It is ten years since former South African cricket
captain died when his plane crashed into Cradock Peak in South Africa’s
Outeniqua mountain range. Newspapers,
radio and television have all marked the anniversary. BBC Radio Five devoted two hours to a review
of his life.
Instead of providing clarity, all of this renewed
publicity has merely served to increase the pile of unanswered questions, both
about Cronje the man and the match-fixing scandal that has forever tainted his
name. Are there others equally guilty
who managed not to get caught? Was he a
good Christian man who succumbed to temptation or a psychopath? Was the plane crash an accident or the
outcome of a plot to get rid of him in case he decided to tell everything that
he knew? Is there a link with the death
of Bob Woolmer in Jamaica several years later?
Who was on the alleged list of 62 players with secret off shore bank accounts?
It’s quite likely we will never know the definitive
answers to these questions. There are
those such as South African journalist and broadcaster Neil Manthorpe who
could, if they chose, tell more of what they know; and ex-cricketer Paul Smith
has apparently been asked to write a book about the whole match-fixing
affair. If it gets past the lawyers, it
will make riveting reading but I’m not holding my breath.

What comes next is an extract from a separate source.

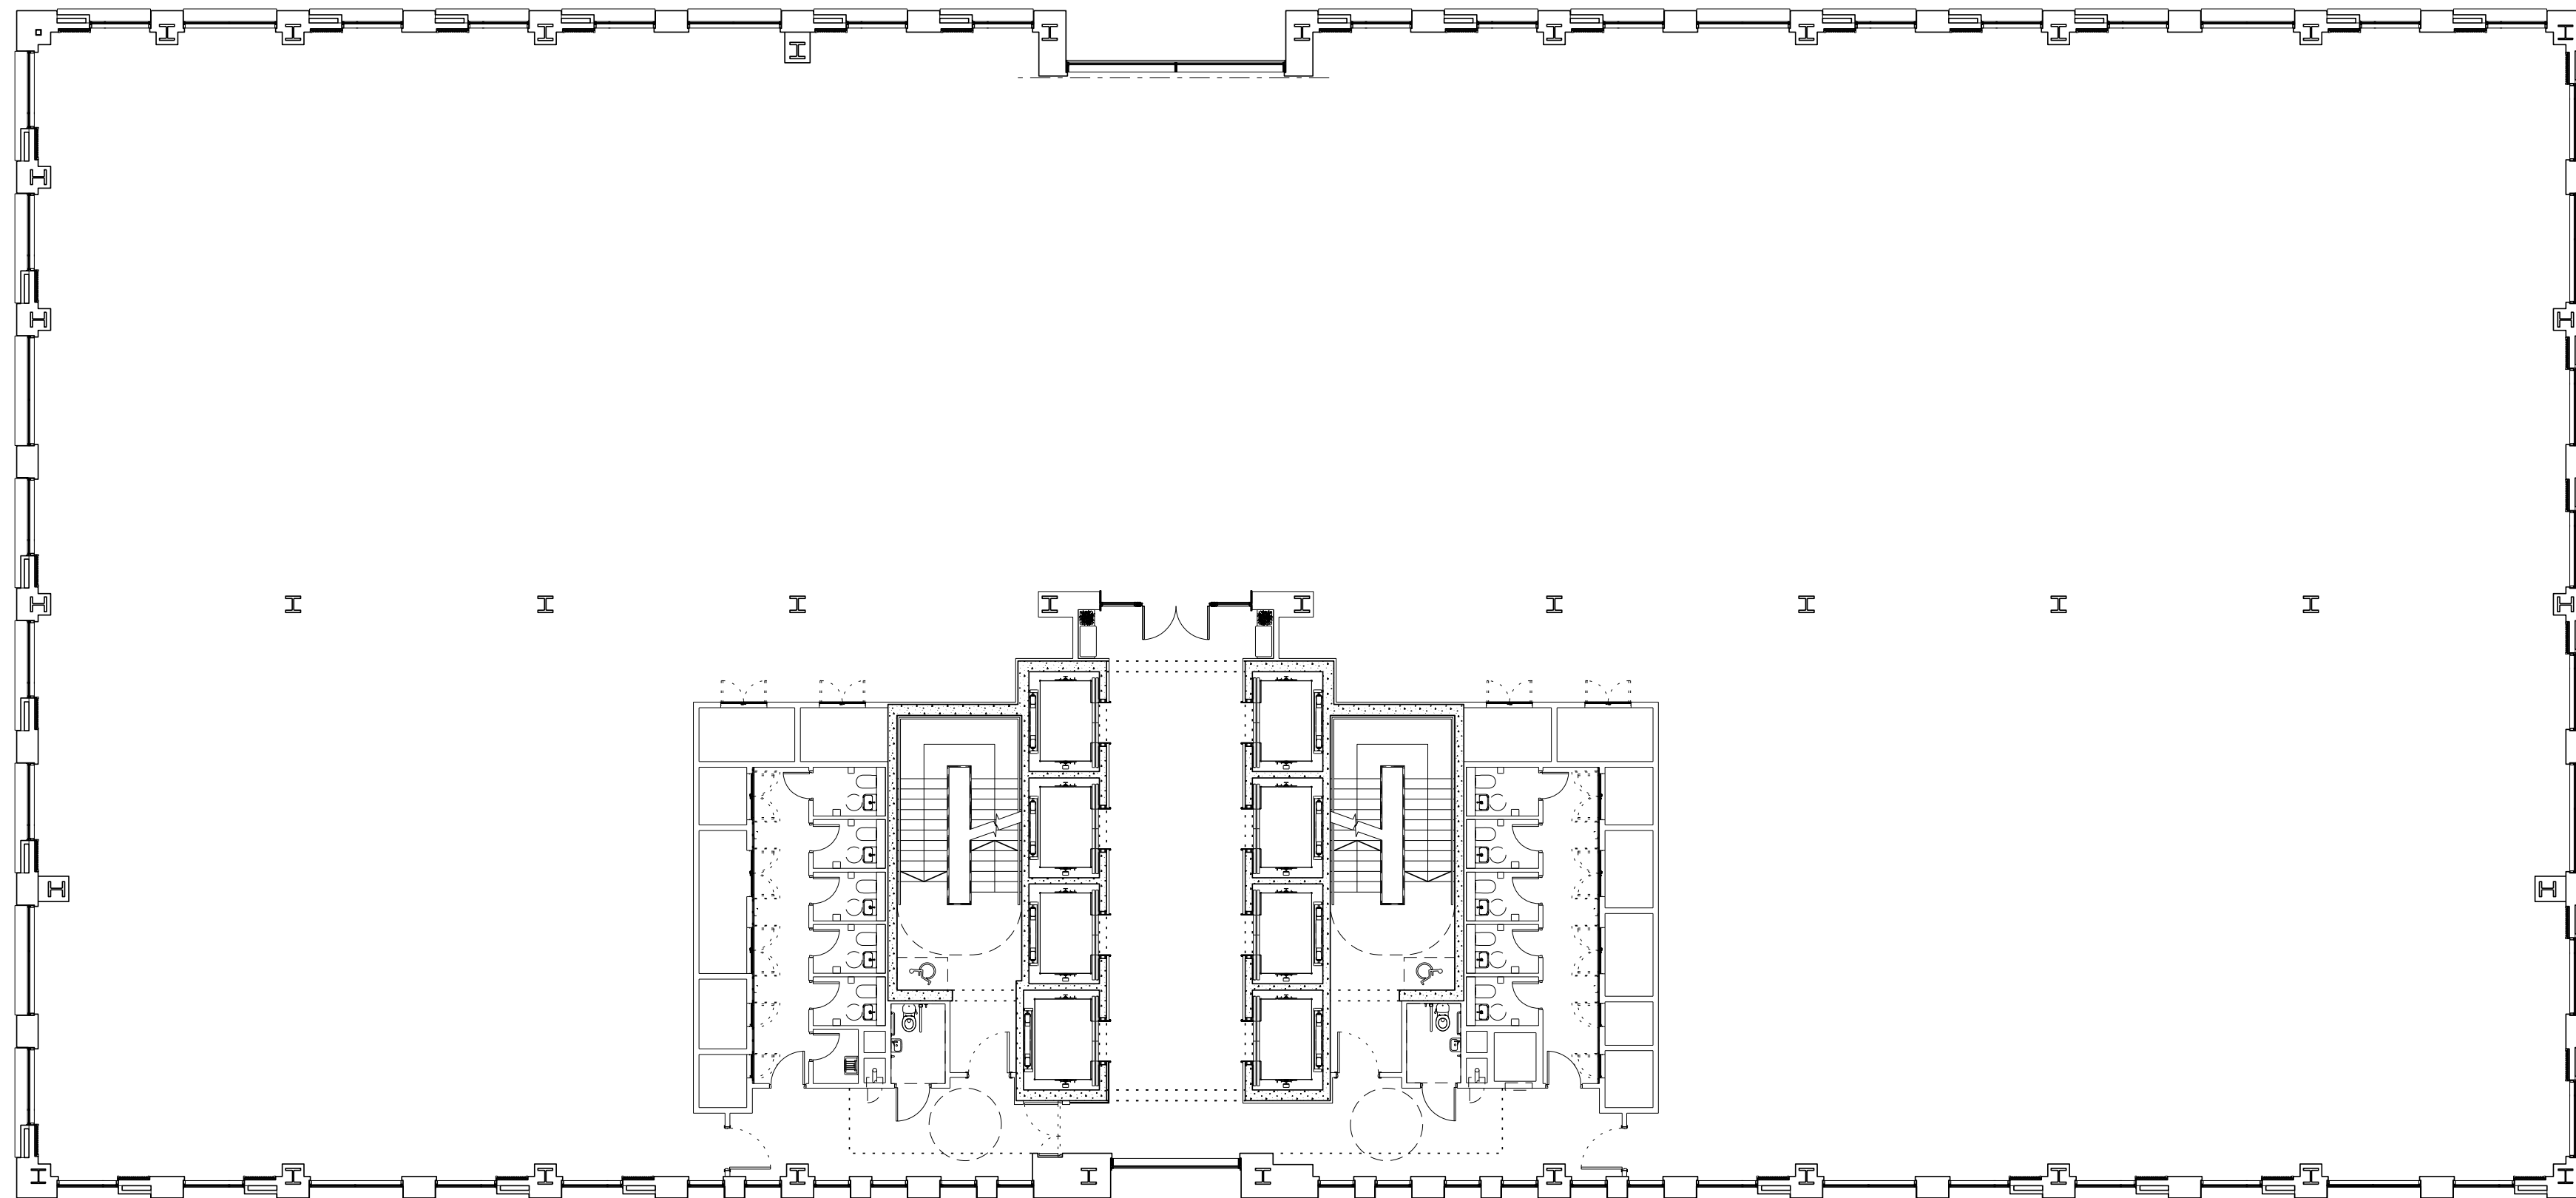

No.3 Circle Square

Typical upper floor plan

Upper Floor Plan:
19,784 sq ft

As for Cronje, it is hard not to marvel at his
hypocrisy. Here was someone who wore a
WWJD (What Would Jesus Do?) wristband whilst lying and cheating for personal
gain. He received not just the infamous
leather jacket but also the $140,000 that he admitted to the King Commission and
maybe much more. It’s a long time since
I was an attentive Sunday School pupil so I’ve forgotten some of what I
learnt. Maybe there is a passage in the
New Testament where John the Baptist says to Jesus: “Hey, Jesus, that’s a cool
jacket. What did you have to do to get
that?”
Possibly the key to the hypocrisy is
that, in Hansie’s mind, the answer to the question “what would Jesus do?” was
simple: “He’d forgive me.” After all, when Frans Cronje, Hansie’s brother, was
asked if he thought Hansie had gone to heaven, his answer was an unequivocal “yes”.
It’s one thing to do wrong, regret it
and seek forgiveness from those you have wronged and/or from your God. It’s an entirely different matter to do wrong
because you believe in advance that your God will forgive you. In Hansie’s
case, he may have expressed his regrets to the King Commission but he never
apologised to Henry Williams and Herschelle Gibbs , his fellow cricketers whom
he drew into his match-fixing net.
Had he lived, Hansie Cronje might have
been able to reach a point of true repentance and might have rehabilitated himself
by both his words and his actions. Instead,
a mountain got in the way. So maybe the
obligation to be charitable passes to us and we should feel compassion
for a man who was, like all of us, a fallible human being. Ok, underneath
a pious surface, Hansie was probably not a nice man. But in that, he’s not
alone. As someone once observed, there are
more horse’s a*ses around than there are horses. And possibly, just possibly,
in his last moments as the mountain loomed, he faced his God, sought true forgiveness and found it.